Phase identification and thermodynamic modeling of a quaternary system in dissimilar laser-welded NiTi/ASS

Defect-free joints of NiTi/austenitic stainless steel wires have extraordinary combined properties of shape memory, superelasticity, and biocompatibility. However, problems arise from the dissimilar welding of NiTi to stainless steel, including the formation of brittle intermetallic compounds and the loss of shape memory and superelastic properties. To overcome the welding challenges of these alloys, phases formed in the weld zone must be identified. Therefore, we used CALPHAD quaternary phase analysis to predict the formation of intermetallic compounds and other probable phases in the weld zone. The calculated results were compared with existing ternary phase diagrams containing Fe, Ni, Ti, and Cr.
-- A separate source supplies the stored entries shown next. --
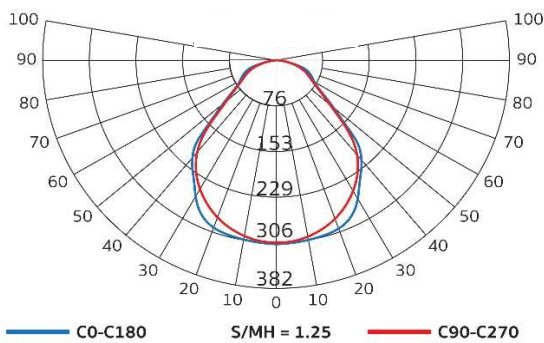

PMRP24230-LED

Office

โคมฝังฝ้าหน้าพลาสติกพรีสมติก

จับยึดหน้าพลาสติกพรีสมติก แบบสอดเข้ากับตัวโคม
ดูเรียบร้อยสวยงาม เหมาะใช้ในออฟฟิศสำนักงานทั่วไป

Luminous Intensity Distribution(cd/klm)

รายละเอียด Model : PMRP24230-LED

ตัวถังโคม	พื้ขึ้นรูปด้วยแผ่นเหล็กขาวรีดเย็น อกเคลือบด้วยสีฝุ่นสีขาว ทนการขีดข่วน ไม่หลุดร่อน
แผ่นสะท้อนแสง	Aluminium ค่าสัมประสิทธิ์การสะท้อนแสง 87%
ใช้กับหลอด	T8 LED Tube (ความยาวหลอด 1198 mm)
ขั้วหลอด	แบบบิดล็อก G13 ทำจาก Polycarbonate ทนความร้อนสูง ไม่ลามไฟ
หน้าโคม	Prismatic Acrylic (PM)
สายไฟ	สายไฟภายในโคม THW 1x1 mm ² 70 °C สำหรับหลอด T8 LED Tube 2 หลอด
การติดตั้ง	สำหรับติดตั้งฝ้า
Cut Out	280 x 1180
น้ำหนัก Weight	4.4kg
มาตรฐาน Standard	มอก. 902 เล่ม 2(2) -2557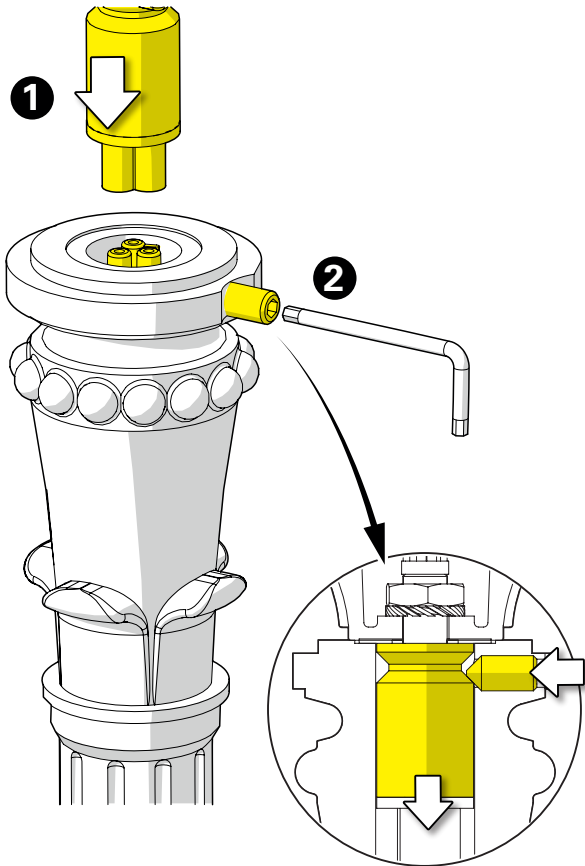

## 1 Assemblage du fût Assemble the pole

## 2 Traçage & perçage des trous de fixation Trace & drill the mounting holes

## 3 Raccordement électrique Connect electrical wires

**4** Fermeture du boîtier de connection  
Close the connection box

**5** Fixation du luminaire  
Fix the luminaire

**6** Retirer le bouchon  
Remove protection plug

**7** Montage de la tête du luminaire  
Install the luminaire head

Connection/plug-in connection

**8** Montage de la lampe & du chapiteau  
Install the light-bulb & assemble the dome

According to these calculations and experimental observations using electron backscatter diffraction, energy-dispersive X-ray spectroscopy, transmission electron microscopy, and micro X-ray diffraction techniques, brittle Fe2Ti is the predominant phase in the final solidified structure, even in the equilibrium state at the NiTi-weld interface. In addition, a ductile Ni3Ti phase, together with the gamma-(Fe,Ni) and B2-(Fe,Ni)Ti phases, is feasible in the weld zone. Moreover, Cr appears as a solid solution with Fe and Ti (BCC_A2 and beta(Cr,Ti)) at low Cr concentrations. At higher concentrations, Cr can potentially appear as a a phase and a C14 Laves phase, which can cause a stress concentration at the NiTi-weld interface, degrading the mechanical properties of dissimilar joints. Therefore, a suitable modification process is required to improve the mechanical properties of NiTi to stainless steel joints. Thus, any adopted strategy should preclude brittle Fe2Ti and facilitate the formation of more ductile phases such as gamma-(Fe,Ni). (C) 2021 Published by Elsevier B.V.

Automated summary

The defect-free joints of NiTi/austenitic stainless steel wires exhibit extraordinary properties, but encounter welding challenges leading to the formation of brittle intermetallic compounds. Identifying phases formed in the weld zone is crucial to improve mechanical properties and prevent the loss of shape memory and superelasticity. Suitable modification processes are required to avoid brittle phases and enhance the formation of more ductile phases in the weld zone.